Why does this comparison to sizeof fail?

Question

#include<stdio.h>
int main()
{
    if(sizeof(double) > -1)
        printf("M");
    else
        printf("m");
    return 0;
}

Size of double is greater than -1, so why is the output m?

Answer 1

This is because sizeof(double) is of type size_t, which is an implementation-defined unsigned integer type of at least 16 bits.
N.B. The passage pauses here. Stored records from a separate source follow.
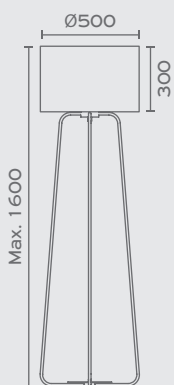

Columbus

Υλικά / Materials

Χρώματα Μετάλλου / Metal Colours

Χρώματα Καπέλου / Shade Colours

COLUMBUS-FL-...-...
Metal Colour   Shade Colour
E27 Max. 60W

Περισσότερα / More

P. 106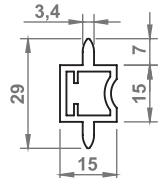

PROFILE LAMBDA / PROFILE LAMBDA mini

NEW
2019

X: 2 4 8 Y: 1 2 3 4 5 6 7

Xmm -Inne długości na zamówienie /
Xmm -Other lengths on request /
Xmm-Andere Längen auf Anfrage /
Xmm-Инная длина по запросу/

PROFILE AP

10.01.33.XY Y: 1 2 3 4 5 6 7

Kolory na zamówienie /
Colors on request /
Farben auf Anfrage /
цвета по запросу/

Xmm -Inne długości na zamówienie /
Xmm -Other lengths on request /
Xmm-Andere Längen auf Anfrage /
Xmm-Инная длина по запросу/

PROFILE AP 2H

10.01.33.XY/2H Y: 1 2 3 4 5 6 7

Kolory na zamówienie /
Colors on request /
Farben auf Anfrage /
цвета по запросу/

Xmm -Inne długości na zamówienie /
Xmm -Other lengths on request /
Xmm-Andere Längen auf Anfrage /
Xmm-Инная длина по запросу/

PROFILE LAMBDA mini
10.01.27.XY/mini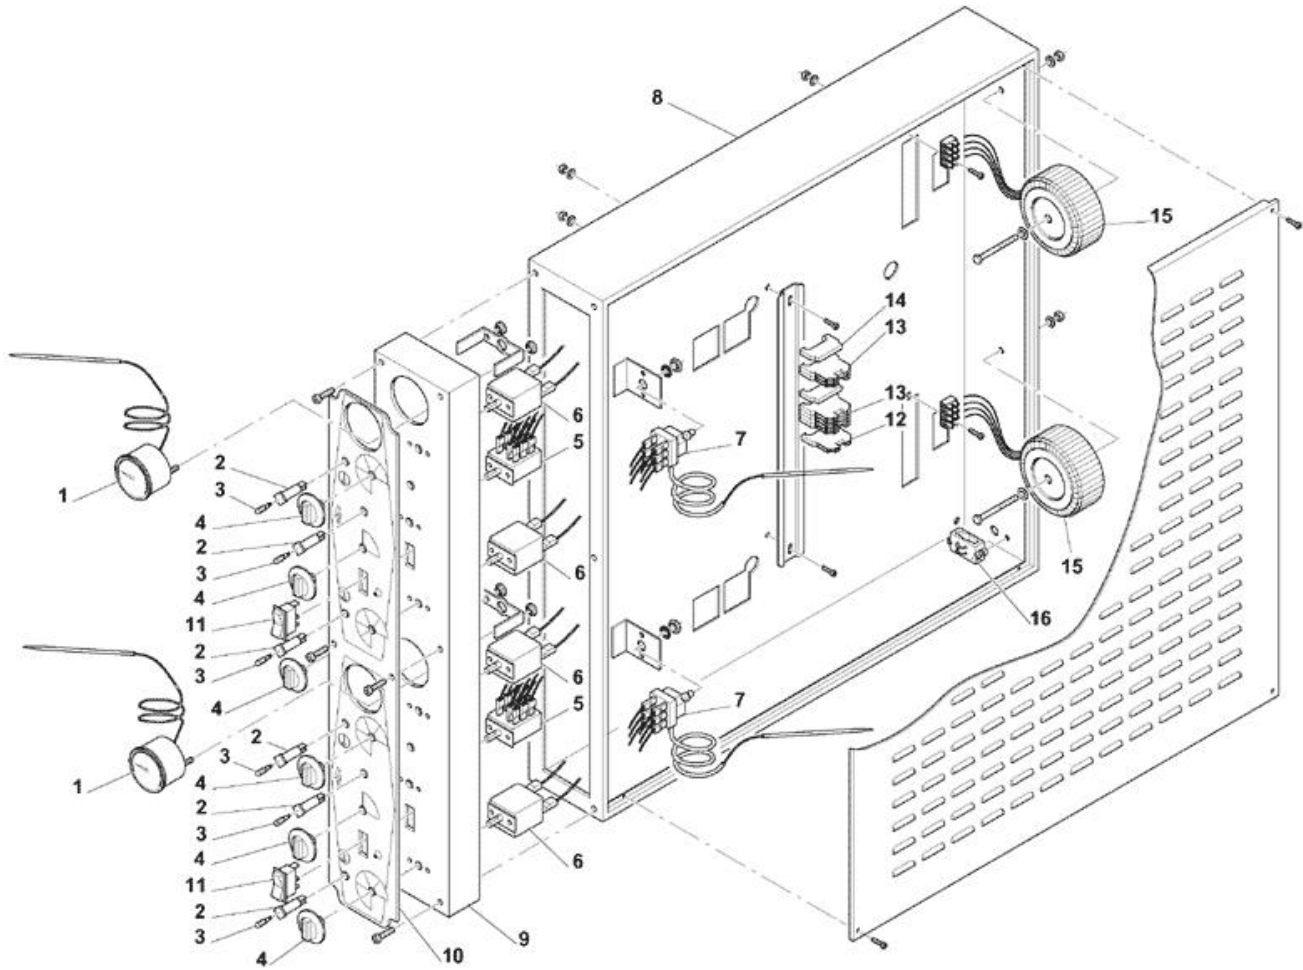

-
- 1 Porta frontale
 - 2 Tavola resistenze
 - 3 Pannello comandi

Pos	Codice	Descrizione	notes	
0001	H2TNO	C.TELAIO P.11-15 DS(H2T00)VN		
0001	H9TNO	C.TELAIO P.4-8DS+66+9FVN(H9T00		
0002	H2PS0	FRONTALE PORTA 11-15-DS		
0002	HV0S1	FRONTALE PORTA 4-5-8-10 DS		
0003	H2P00	COMPL.PORTA MF12+11DS+15DS		
0003	H9PP1	PORTA 4+8DS+66+69F.ST+P(H9PV1)		
0004	AC203	MANOPOLA MOD.MZ65 - M10 F.DS		
0005	AL276	VETRO P.CERAM.MM.131X410 SP.4		
0006	HKT01	BOCCOLA PERNO PORTA D.14X10X22		
0007	E4M20	PERNO FERMO PORTA 4/DS 15X35		
0008	HAT04	ANGOLARE REG.MOLLA 4/8/5/10 TR		
0009	MD049	MOLLA F.2.5-16 CM.48 FORNO		
0010	H3KV4	PIANTONE INFERIORE		
0010	H5MV5	SOST.PORTA L314 MF5-10 V.H5M50		
0011	H3KV3	PIANTONE SUPERIORE		
0011	H5BV5	SOS.PORTA SUP.MF10 L=329-H5B50		
0012	MD113	GRANO 5X5 INOX C/PUNTA 5927		

Pos	Codice	Descrizione	notes	
0001	ED075	TERMOMETRO 0-500° (8201-21-60)		
0002	EL002	PORTALAMPADA ARANCIO MF+CELLE		
0003	EL003	LAMPADA TRASP.MF4+5+8+10 V.230		
0004	AC062	MANOPOLA COMMUTAT.EH009+EH030		
0005	EH018	INTERRUTT.GEN.TRIF.0-1 25A MF1		
0006	ED007	TERMOSTATO 50/400°V220 MF2+MF1		
0007	ED055	TERM.DI SICURA TRIP.500 4+8DS		
0008	H5B16	C.PANN.COM.MF8CL+10+8DS V.N.		
0009	E5B06	TARGA COMANDI		
0010	AM442	TARGA POL.8DS OEM GRIGIO/ROSSO		
0011	EF023	DEVIAT.UNIP.NERO 16A LAMP.INT.		
0012	EP038	Morsetto terra		
0013	EP008	Morsetto a vite		
0014	EP004	Staffa fermamorsetto		
0015	EH045	TRASF.TOROID.T50W 230/12+MORS.		
0016	AD006	Pressacavo + viti		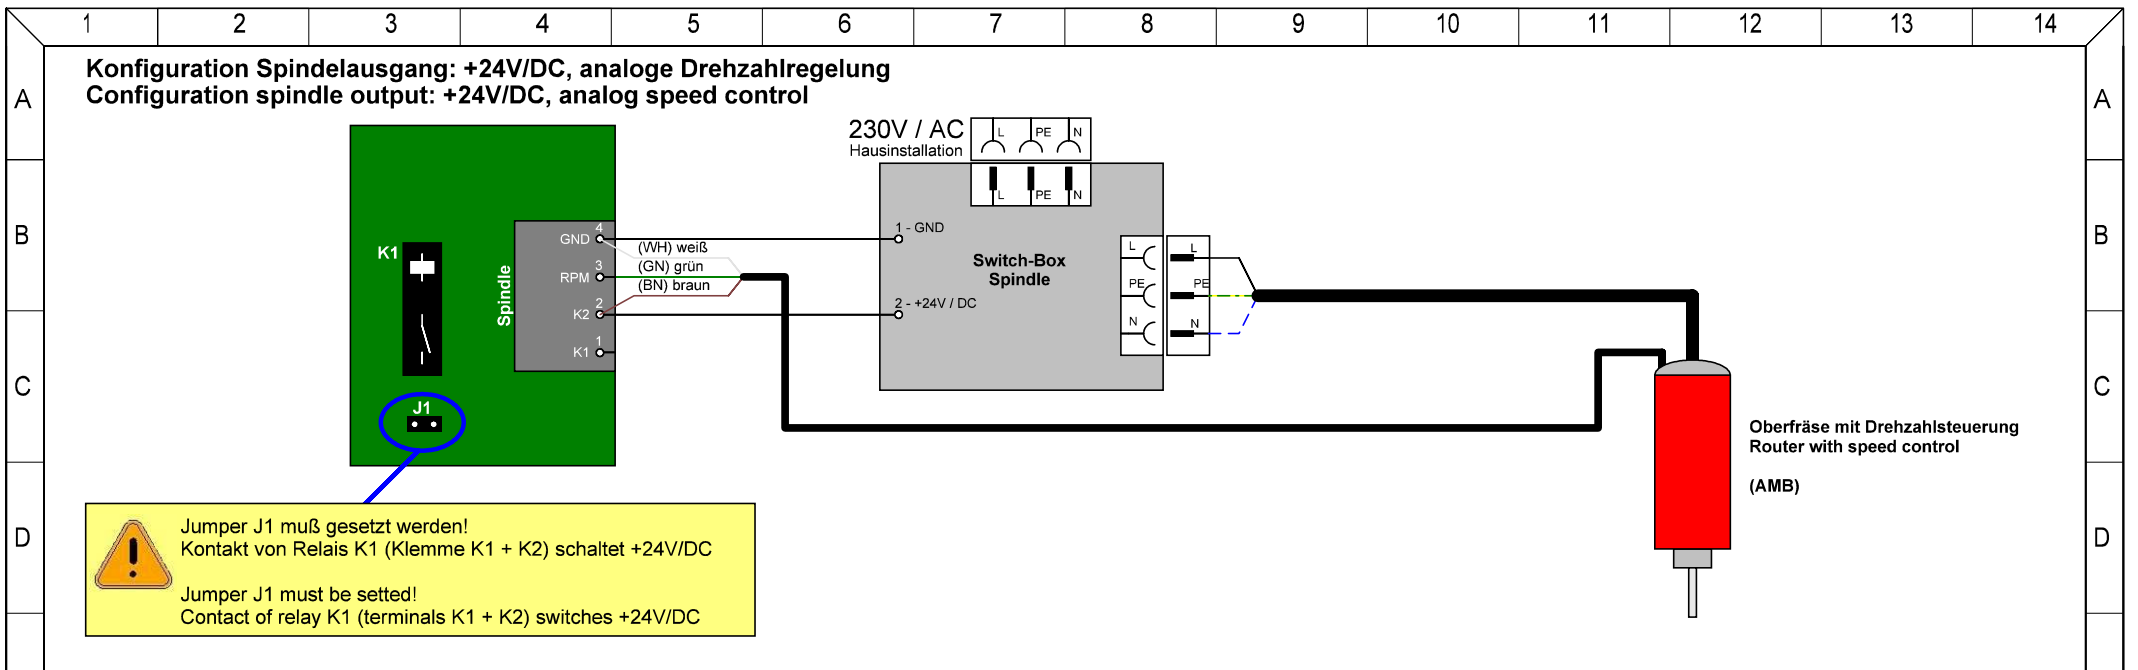

Datum	Name	Sorotec GmbH Withig 12 77836 Rheinmünster SOROTEC.DE Tel.: 07227-994255-0	Bezeichnung	Projekt	Version
gez.:	14.12.2023	S. Schmitt		Spindel Drehzahlregelung	Compact-Steuerung	1.4.00
gepr.:				Copyright © Sorotec GmbH	Auftrag	Blatt
Norm:						6 / 6

See this for info on sizeof in C. See this for more info on size_t

The -1 gets converted to an unsigned type for the comparison (0xffff...), which will always be bigger than sizeof(double).
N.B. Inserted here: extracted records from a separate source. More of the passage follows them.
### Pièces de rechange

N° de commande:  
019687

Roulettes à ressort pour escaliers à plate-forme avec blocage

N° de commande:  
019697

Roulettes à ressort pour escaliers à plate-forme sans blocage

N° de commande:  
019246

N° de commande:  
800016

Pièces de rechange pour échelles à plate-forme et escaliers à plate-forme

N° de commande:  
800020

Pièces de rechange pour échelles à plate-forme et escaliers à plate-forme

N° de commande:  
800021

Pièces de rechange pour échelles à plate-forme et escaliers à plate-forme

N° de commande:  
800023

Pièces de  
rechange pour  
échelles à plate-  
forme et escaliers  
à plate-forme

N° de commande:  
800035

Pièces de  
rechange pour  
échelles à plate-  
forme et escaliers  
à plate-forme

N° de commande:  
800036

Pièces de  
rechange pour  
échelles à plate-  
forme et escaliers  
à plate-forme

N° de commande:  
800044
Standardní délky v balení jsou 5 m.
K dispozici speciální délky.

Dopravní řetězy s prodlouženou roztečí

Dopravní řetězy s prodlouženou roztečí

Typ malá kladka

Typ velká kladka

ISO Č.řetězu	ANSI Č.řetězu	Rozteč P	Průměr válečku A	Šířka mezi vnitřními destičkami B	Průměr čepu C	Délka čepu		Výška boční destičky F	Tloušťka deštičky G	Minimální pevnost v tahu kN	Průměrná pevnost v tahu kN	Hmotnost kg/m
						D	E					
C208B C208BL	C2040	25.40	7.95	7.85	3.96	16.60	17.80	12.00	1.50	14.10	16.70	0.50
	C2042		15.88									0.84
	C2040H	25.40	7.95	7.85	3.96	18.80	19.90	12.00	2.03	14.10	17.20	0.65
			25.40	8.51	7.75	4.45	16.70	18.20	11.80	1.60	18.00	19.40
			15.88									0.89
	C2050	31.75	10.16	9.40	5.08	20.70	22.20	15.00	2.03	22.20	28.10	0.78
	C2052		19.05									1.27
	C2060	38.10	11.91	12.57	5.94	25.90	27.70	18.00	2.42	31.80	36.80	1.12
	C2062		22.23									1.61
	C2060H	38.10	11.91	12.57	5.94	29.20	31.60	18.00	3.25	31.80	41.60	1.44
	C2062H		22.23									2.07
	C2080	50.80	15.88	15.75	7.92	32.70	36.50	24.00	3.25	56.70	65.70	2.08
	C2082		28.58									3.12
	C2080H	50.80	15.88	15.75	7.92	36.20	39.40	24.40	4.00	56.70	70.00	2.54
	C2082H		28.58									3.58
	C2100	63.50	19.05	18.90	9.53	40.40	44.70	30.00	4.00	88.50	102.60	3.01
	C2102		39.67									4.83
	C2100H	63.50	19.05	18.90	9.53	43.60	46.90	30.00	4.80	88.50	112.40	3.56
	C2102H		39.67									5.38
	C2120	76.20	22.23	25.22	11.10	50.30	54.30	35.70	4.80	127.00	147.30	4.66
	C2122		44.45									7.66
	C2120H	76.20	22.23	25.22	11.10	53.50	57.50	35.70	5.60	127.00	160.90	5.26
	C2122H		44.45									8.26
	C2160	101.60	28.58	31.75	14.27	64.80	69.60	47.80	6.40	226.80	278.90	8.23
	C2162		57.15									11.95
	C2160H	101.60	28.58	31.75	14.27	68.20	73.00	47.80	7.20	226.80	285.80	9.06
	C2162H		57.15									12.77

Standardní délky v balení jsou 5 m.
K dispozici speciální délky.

To compare to a negative number, you can cast it like this: (int)sizeof(double) > -1. Depending on what your objective is, it may also be better to compare to 0 instead.

Answer 2

Your code has implementation defined behavior: sizeof(double) has type size_t, which is an unsigned type with at least 16 bits.
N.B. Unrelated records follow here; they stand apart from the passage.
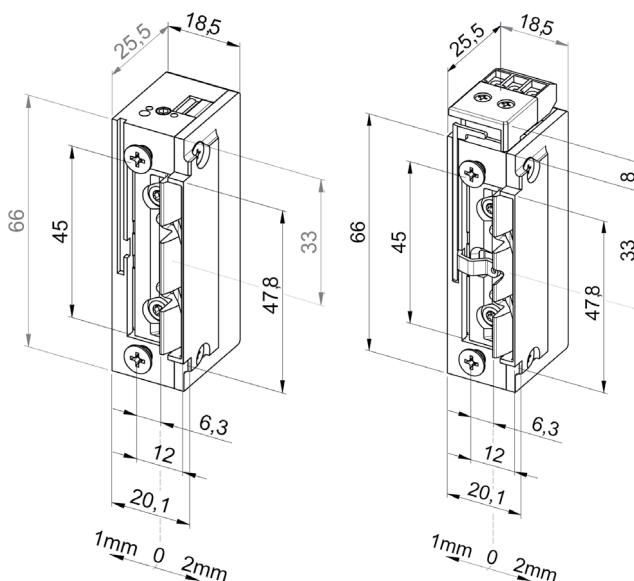

Použití

Moderní řada elektrických otvíračů s širokým rozsahem výrobních provedení, která pokrývá všechny běžné požadavky výrobců a uživatelů dveří. Patentované řešení skryté montáže el. otvírače do dveří.

Při minimální konstrukční velikosti splňují požadavky na osazení požárně odolných dveří.

Požární otvírače se nevyrobějí v reverzním provedení.

Výhody

- Malá konstrukční velikost v provedení ProFix® 2
- Širokorozsahová cívka
- Šroubovací / plug-in konektor
- Patentovaný tvar náběhové hrany lišty pro bezproblémový provoz a tiché odemýkání zadlabávacího zámku
- Libovolný směr DIN montáže včetně horizontální
- Možnost použití do prostředí s vysokým zatížením

Popis funkce

118F.13 a 118F.23

Je v poloze ODBLOKOVÁNO jen po dobu trvání napěťového impulsu. Mimo tuto dobu jsou dveře BLOKOVÁNY.

Verze 118F.23 - El. otvírač je navíc vybaven mikrospínačem se svorkovnicí, který plně nahradí přídavné kontakty, instalované na dveřích.

K otvírači je třeba vždy objednat čelní lištu ProFix® 2 dle požadovaného způsobu montáže viz str. 122–123.

Certifikaci lze stáhnout po načtení QR kódu.

Technické údaje

Odolnost proti vylomení	885 kg
Rozsah stavitelné západky	3 mm
Materiál západky	ocel
Rozměry	66 x 21,5 x 25,5 mm
Rozměry (RR) s mon. kontaktem	74 x 21,5 x 25,5 mm
Odběr cívek	A71 - 10-24V AC/DC 280 mA (12V DC) 250 mA (12V AC) 560 mA (24V DC) 500 mA (24V AC) B71 - 22-42V AC/DC 120 mA (24V DC) 60 mA (24V AC)
Trvalý provoz (denní režim)	A71 - 11-13V DC B71 - 22-26V DC
Rozsah pracovních teplot	-15°C až +40°C
Standardní čelní lišty	689; 691; 26B; 24C
Obsah balení	el. otvírač

Objednací čísla

118F.13 a 118F.23

Výrobek	Objednací číslo
118F.13 A71 10-24V AC/DC	EL001951
118F.23 A71 10-24V AC/DC	EL001961

If this type is smaller than int, for example if size_t has 16 bits and int 32 bits, the comparison would be true because size_t would be promoted to int and the comparison would use signed int arithmetics.

Yet on most current platforms, size_t is either the same as unsigned or even larger than unsigned: the rules for evaluating the expression specify that the type with the lesser rank is converted to the type with the higher rank, which means that int is converted to the type of size_t if it is larger, and the comparison is performed using unsigned arithmetics. Converting -1 to an unsigned type produces the largest value of this type, which is guaranteed to be larger than the size of a double, so the comparison is false on these architectures, which is alas very confusing.

I have never seen an architecture with a size_t type smaller than int, but the C Standard allows it, so your code can behave both ways, depending on the characteristics of the target system.